因為密旨裡頭,有皇帝委託他監管王府大小事務,以及必要時節制寧州府衙及一切兵馬的大權!

也就是說,憑藉這份密旨,他的權力可以比知州還大!

薛源不知道密旨的內容,但是一聽就知道,對方是想用聖旨拿捏自己,也拿捏王府所有人。

於是呵呵一笑,說,“不急,最近太多人假傳聖旨,昨天我還當場揭穿了一個呢。劍七,鑑定下這聖旨是真是假。”

劍七聞言,二話不說就搶過聖旨,看了一眼。

說,“假的。”

雖然他根本不會鑑定,但是一點不妨礙他得出這個結論,畢竟不瞭解聖旨,他還不瞭解王爺麼?

顧文淵一聽,那高昂的頭顱頓時端不住了,驚怒交加地吼道,“放肆!此聖旨乃本官出行前,皇上親手所賜,怎可能是假的?”

這回終於輪到薛源揚脖子了,揚得比顧文淵還高。

振振有詞道,“劍七說假的就是假的,你假傳聖旨還有理了?”

顧文淵都震驚了,問,“豈有此理!他說什麼你都信?”

薛源一臉理所當然地答,“當然了!現在我是被他操縱的傀儡,傀儡知道嗎?當然是操縱的人說什麼,我就要信什麼了!”

顧文淵懵了一下。

這又蠢又縝密的思維是怎麼回事?

這時錢仲賢站了起來,一臉興奮道,“顧大人,你看,現在事實就擺在眼前了吧?

這傻子一直受這妖人劍七蠱惑,故而膽大妄為,鬧得寧州上下雞犬不寧!如今他連聖旨都敢搶,再這麼下去,真不知道他日後還能幹出何等大逆不道的事情來!”

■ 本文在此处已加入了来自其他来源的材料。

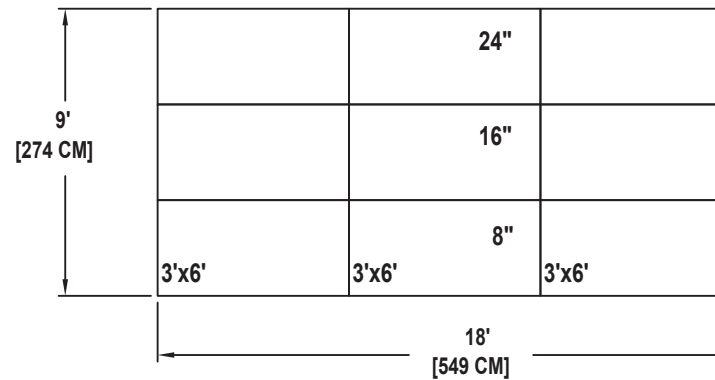

SEATED CHORAL RISER SET

NO. 065

SEATING CAPACITY NOT USING THE FLOOR, 24.

SEATING CAPACITY WITH ONE ROW ON THE FLOOR, 32.

SEATING CAPACITY IS BASED ON 26" CHAIR SPACING.

Wenger®

C O R P O R A T I O N

Wenger®
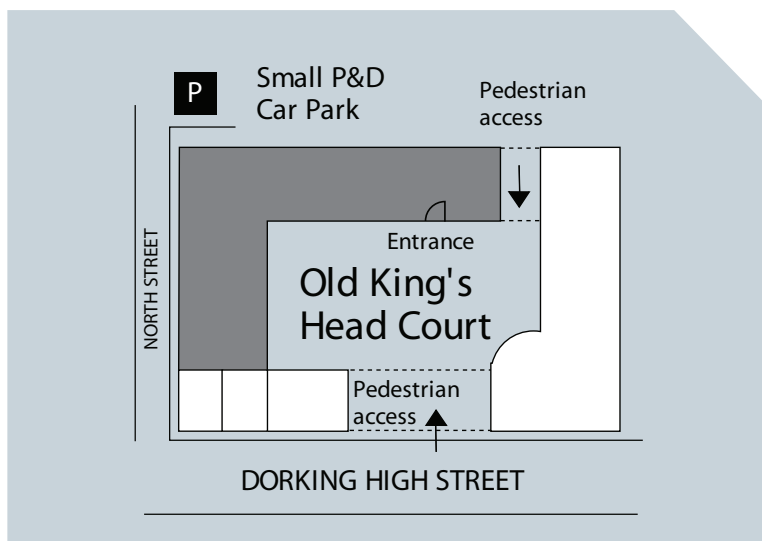

# Location Map

From M25 junction 9, then A24 sign posted Dorking. Follow signs to Dorking, right at roundabout and continue into High Street. Parking is available in St Martins Walk Car Park (off High Street) or in West Street (small car park at rear in North Street). □

薛源不由瞥了錢仲賢一眼,問,“你怎麼還敢來跳,蛋已經不疼了?”

錢仲賢不由挺直了身板,冷笑道,“呵呵,王爺問得好!這個問題,回頭我會好好跟你彙報一下的,也讓你真真切切地知道,這段日子我是如何熬過來的!”

言外之意,自然是讓他也嚐嚐那種痛苦!

一個多月了,誰知道這一個多月他是怎麼熬過來的?

以前的錢仲賢已經死了!現在的錢仲賢,是一個清心寡慾,脫離了低階趣味的高尚文人,就連王妃躺在床上他都不多看一眼!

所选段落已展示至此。